We have looked at the Great Man Theory, denigrated it as British Idealism supporting the Victorian notion of Rule Britannia, a nasty little justification rather than a sensible view of History. In the process, comrade, we have increasingly isolated the Back Row as a sense of Being that justifies withdrawal from the group.

Well, Comrade, in the early hours of this morning a solstice occurred. Our planet paused on one of its axis and then switched direction. In my mind it's uphill to Mid-winter here in the Northern hemisphere.

 And yes from the Porch, this day looks long, very warm, peaceful and full of small biting insects some of them able to fly, others proficient in the fine art of leaping.

 I can fully understand how in the early and mostly savage days of the Industrial Revolution and the rise and fall of empires that revolution produced, how some disgruntled and concerned elements of the middle and upper class elites looked to a working class they called The Proletariate, after the commoners of Rome, to find a hope beyond a poem by Wordsworth bemoaning climate change.

My own suspicion is that catastrophy may be the true instrument of progress. The current philosophy of an ever expanding economy will reach a confrontation with the equivalent of the Sea People who ravished the Eastern Mediterranean. The Iteso had a story about how years ago the highly disruptive Kulabuntu came from the north moved quickly south eating people as they went. As a child you would be warned and advised to behave otherwise the Kulabuntu would eat you. A story, a myth, and I have spelled it wrong but the point I think is that we as a species are designed around stability and increase.

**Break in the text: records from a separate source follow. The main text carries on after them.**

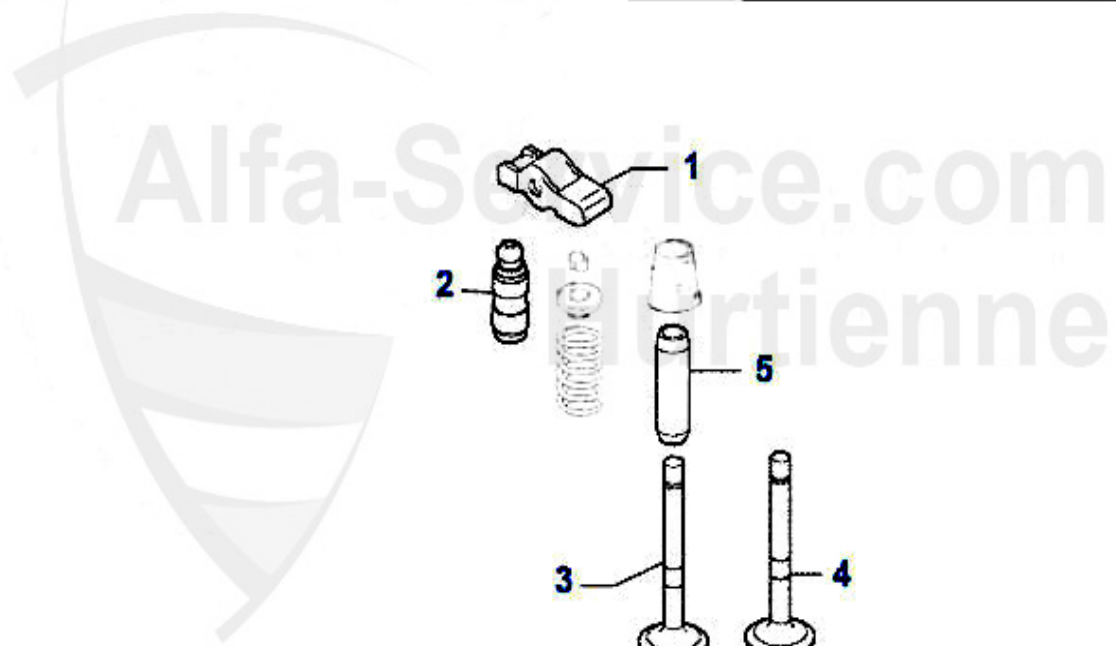

Ventiltrieb/Timing Train 156 1.9 JTD 10V

1	KH64765	Kipphebel 147,156,166,Nuovo GT JTD 16/20V	10.67 EUR
2	HST67972	Stößel 147,156,166,Nuovo GT JTD 16/20V	35.11 EUR
3	VE95535	Ventil-Einlaß 147,156,166 Nuovo GT JTD 16/20V	18.98 EUR
4	VA87902	Ventil-Auslaß 147,156,166,Nuovo GT JTD 16/20V	20.00 EUR
5	VFEA86786	Ventilführung Ein-/Auslaß 147,156, 166,Nuovo GT JTD 16/	13.34 EUR
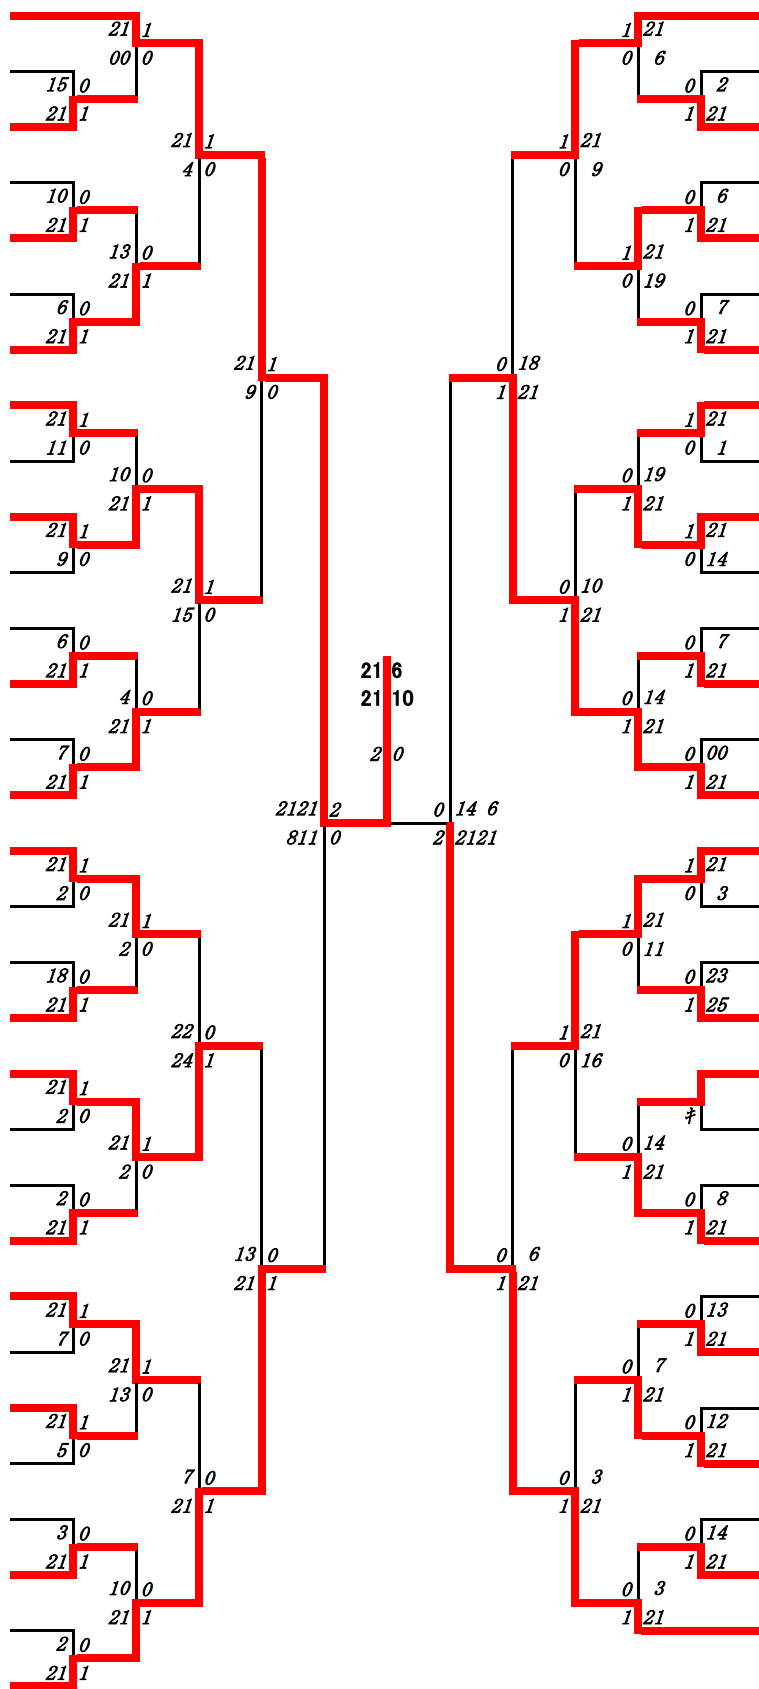

2023年度春季:バドミントン:ベスト32(参加組数:241)

秋保奈々 (鹿児島女子)

3位決定戦

古川 桜子 (鹿児島女子) 1 - 2 竹下 紗矢 (鹿児島女子)
 17 - 21
 29 - 27
 14 - 21

2023年度 春季：バドミントン：女子高校S

名前の赤色はベスト16

第1ブロック

第2ブロック

- 1 横道 紗 (鹿児島女子)
- 2 松元 愛唯 (伊集院)
- 3 牛之濱 女緯妃 (鹿児島玉龍)
- 4 阿瀬知 陽 (尚志館)
- 5 山田 優梨 (鹿児島情報)
- 6 生田 咲夢 (鳳凰)
- 7 中川路 愛 (鹿屋)
- 8 松下 美波 (沖永良部)
- 9 上田 文 (鹿屋中央)
- 10 永田 真結 (武岡台)
- 11 前原 千那 (指宿商業)
- 12 佃 愛瑠 (指宿)
- 13 宮里 菜奈 (鹿児島南)
- 14 碓山 結愛 (大島)
- 15 山元 梨瑚 (鹿児島中央)
- 16 三本 莉里 (鹿児島実業)
- 17 平野 心胡和 (川内商工)
- 18 上村 優衣 (松陽)
- 19 内木場 ゆい (川辺)
- 20 村山 紗也加 (鹿児島育英館)
- 21 園田 みすず (国分)
- 22 大角 琴音 (明桜館)
- 23 片浦 優奈 (種子島)
- 24 安藤 佑香 (国分中央)
- 25 牧 紅凜 (川内)
- 26 吉鶴 叶夢 (甲南)
- 27 柳原 歩果 (錦江湾)
- 28 馬込 真理那 (南大隅)
- 29 能勢 優花 (鹿児島)
- 30 迫坪 莉乃 (鶴丸)
- 31 齊藤 彩花 (加治木)

 Our stability is based on an ability to adabt quickly through changing social constructs giving us the necessary confidence to find cohesion. It's the understanding of increase in our being that makes actual change very, very difficult. We people are fundamentally a successful invasive species.

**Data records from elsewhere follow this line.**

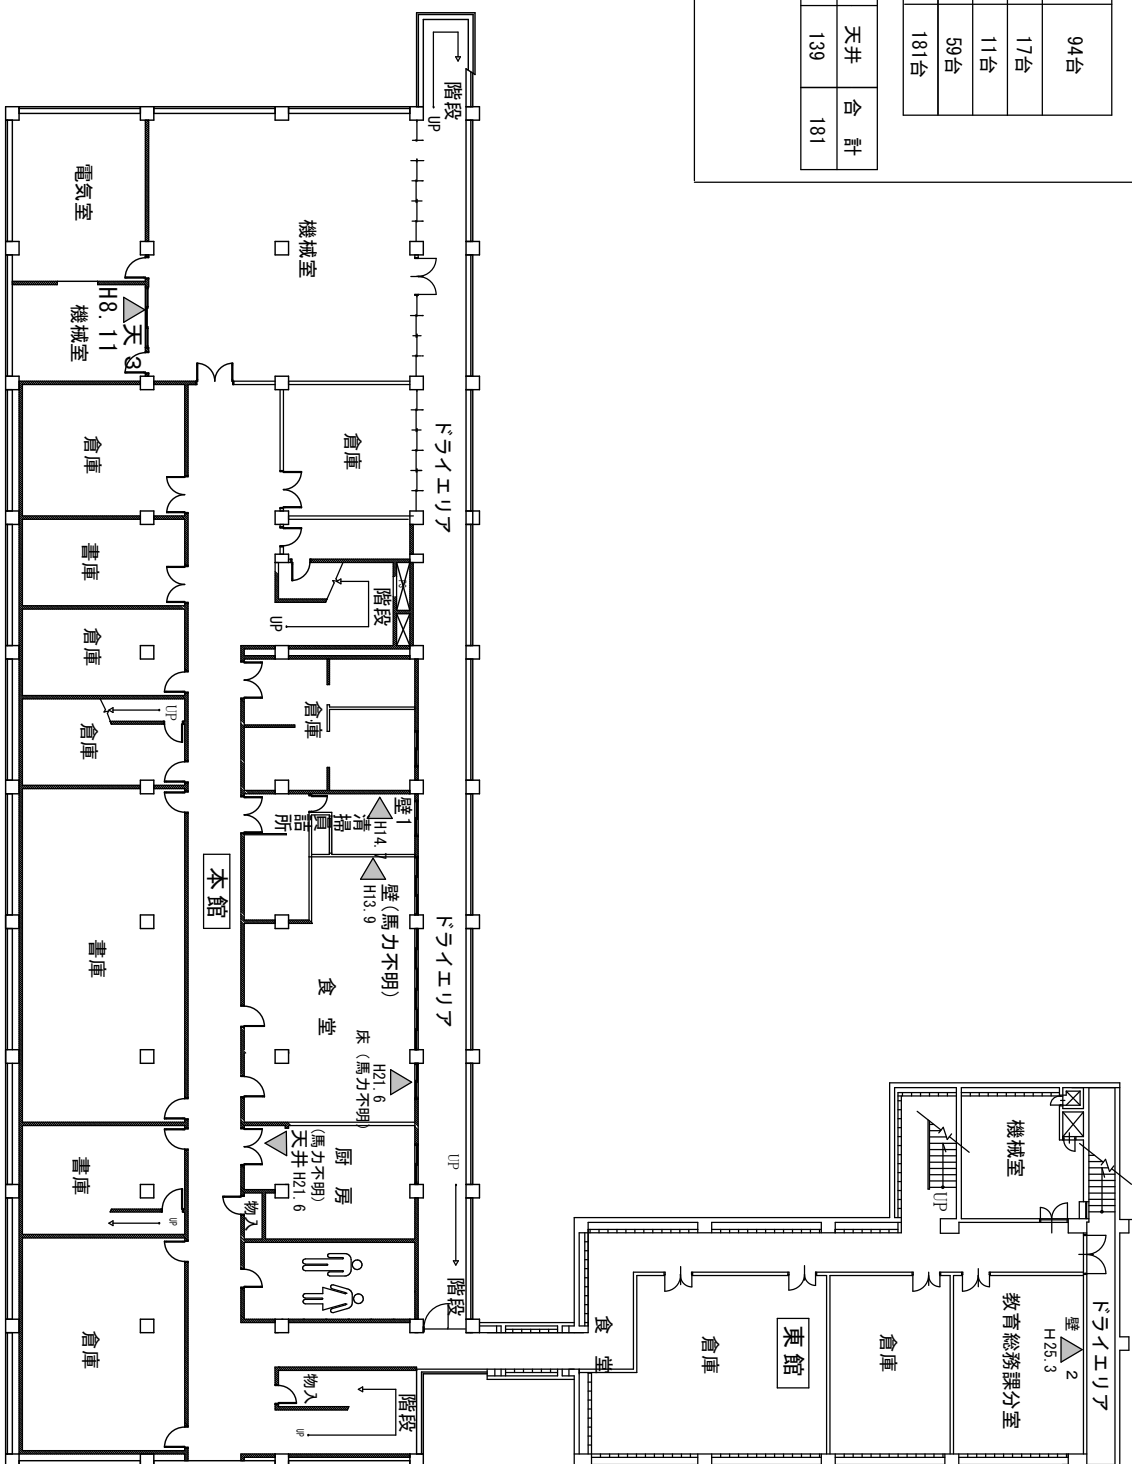

寢屋川市本庁舎  
空調機器設置図

空調機器設置位置図

凡例

冷房専用 ○

冷暖用 ▲

※ 各数字は馬力数

台数内訳

本館 (Y棟・講義棟含む)	94台
東館	17台
別館	11台
議会議棟	59台
計	181台

床置	壁掛	天井	合計
13	29	139	181

本館・東館地下一階平面図

本館・東館一階平面図

本館・東館二階平面図

別館一階平面図

3.560440	930	4.450
----------	-----	-------

別館二階平面図

議会棟五階平面図

議会棟四階平面図

 One element of the Back-Row's relationship with the back-row greasy pole might be to look for and identify the roots of those social constructs that offer a cohesion without the increase demanded from current social constucts summed up by the phrase "go forth and multiply" the comedians sometimes make hay from.

 This I think you might agree our earth demands an understanding from us of the Very opposite of the Great Man Theory.

Thomas Carlyle and his Imperial Myth

Day Lily 4

 If a noun becomes completely motionless, if the social structure becomes too heavy, rigid, and frozen, it becomes a prison. It turns into the dead, bureaucratic Potestas (power) of the Headmaster's Office or the corporate metric. The dictionary becomes a cage for the language, and the university becomes a factory for the front row.

 Thomas Carlyle was preaching to the Frontest of Front Rows. He wanted history to be a biography of heroes. Lightning bolt men, always men, who shape the world through the force of their supernatural and very special will. This Carlyle was born in Scotland, he died in London, England in 1881 when he was 85. His end time was mourned by the front rows of Victorian England, but incredibly, his memory has lingered on into the 21st Century where his theory will insist that it's not Society that shapes men, it's the biology of a few Great Men that shape society. The Great Society, Thomas Carlyle argued in 1840, allowed Great Men by encouraging, persuading, insisting us commoners submit to Front Row excellence. 

 Let's talk The Enclosure. When the Frontest of Front Rows says, "Submit to us because we are Excellent" we are right to suggest that what they are actually saying is "Submit to us because our grandfathers fenced off the woodlands and pasture."